Entries taken from a collection
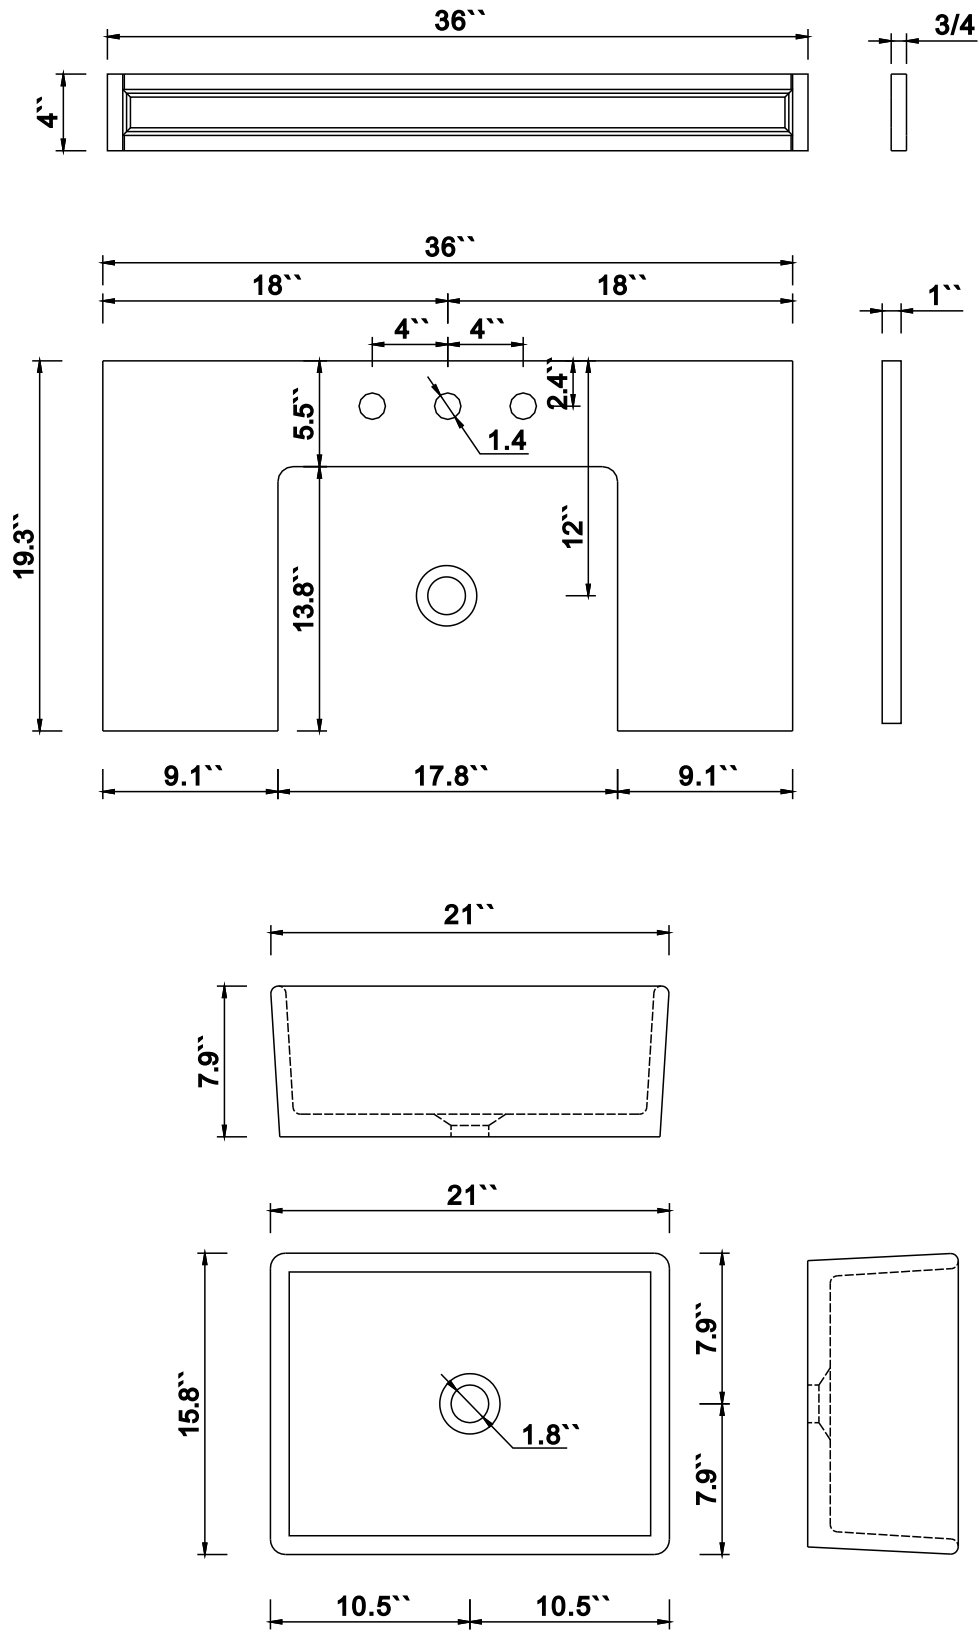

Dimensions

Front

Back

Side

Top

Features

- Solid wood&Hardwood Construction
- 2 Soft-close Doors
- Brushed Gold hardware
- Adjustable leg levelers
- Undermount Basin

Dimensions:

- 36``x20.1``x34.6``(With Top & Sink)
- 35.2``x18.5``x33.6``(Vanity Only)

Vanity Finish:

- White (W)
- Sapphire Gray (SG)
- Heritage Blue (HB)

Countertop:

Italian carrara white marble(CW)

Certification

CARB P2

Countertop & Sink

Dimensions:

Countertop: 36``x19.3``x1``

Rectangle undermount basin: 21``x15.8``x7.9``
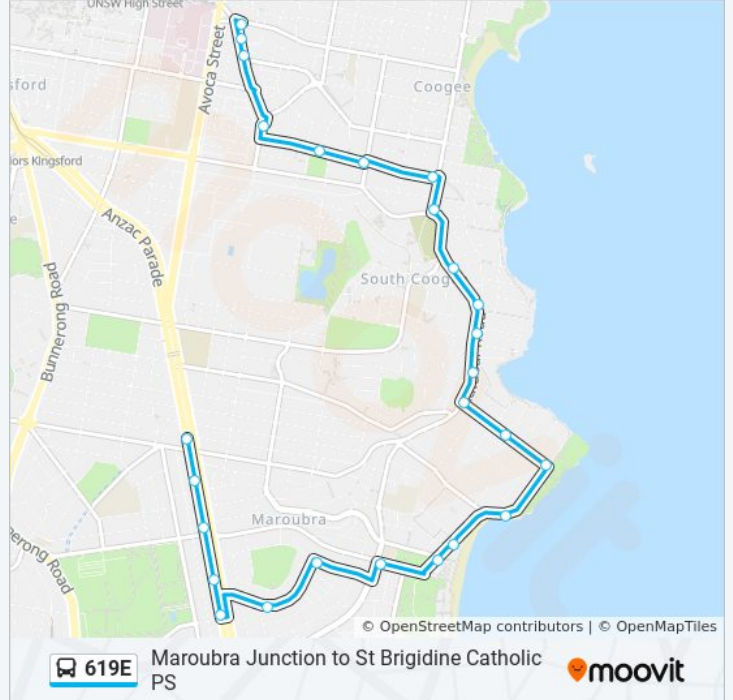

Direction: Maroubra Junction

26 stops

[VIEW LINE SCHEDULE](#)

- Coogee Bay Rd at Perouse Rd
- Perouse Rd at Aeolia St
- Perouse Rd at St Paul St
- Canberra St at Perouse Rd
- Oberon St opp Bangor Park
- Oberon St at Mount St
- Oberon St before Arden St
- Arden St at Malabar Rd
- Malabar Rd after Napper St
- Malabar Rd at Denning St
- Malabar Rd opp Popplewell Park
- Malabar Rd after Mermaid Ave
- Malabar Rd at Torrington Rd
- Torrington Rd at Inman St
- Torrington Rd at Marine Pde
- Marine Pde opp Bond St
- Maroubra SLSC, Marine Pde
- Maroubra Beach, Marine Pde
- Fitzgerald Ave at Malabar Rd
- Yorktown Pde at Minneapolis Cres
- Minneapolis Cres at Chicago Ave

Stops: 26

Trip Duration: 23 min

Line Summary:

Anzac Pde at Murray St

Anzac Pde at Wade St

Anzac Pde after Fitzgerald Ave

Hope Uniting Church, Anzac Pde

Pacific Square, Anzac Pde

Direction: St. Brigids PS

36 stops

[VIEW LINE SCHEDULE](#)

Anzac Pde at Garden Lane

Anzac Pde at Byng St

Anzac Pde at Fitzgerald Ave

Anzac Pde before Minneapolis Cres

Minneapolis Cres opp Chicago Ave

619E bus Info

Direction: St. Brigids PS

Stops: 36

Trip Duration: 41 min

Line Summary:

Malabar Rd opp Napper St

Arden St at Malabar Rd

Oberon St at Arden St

...

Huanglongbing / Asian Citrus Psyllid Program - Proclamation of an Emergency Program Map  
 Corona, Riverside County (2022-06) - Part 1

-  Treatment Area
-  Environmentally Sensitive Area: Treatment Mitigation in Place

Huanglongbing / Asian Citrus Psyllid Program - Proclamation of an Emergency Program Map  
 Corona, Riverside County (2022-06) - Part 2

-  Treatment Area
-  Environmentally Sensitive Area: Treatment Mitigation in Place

▸ REQUIREMENT
Check each line of the data for "Duration". Copy the lines where it turns up.

▸ ANSWER SECTION
Trip Duration: 23 min
Trip Duration: 41 min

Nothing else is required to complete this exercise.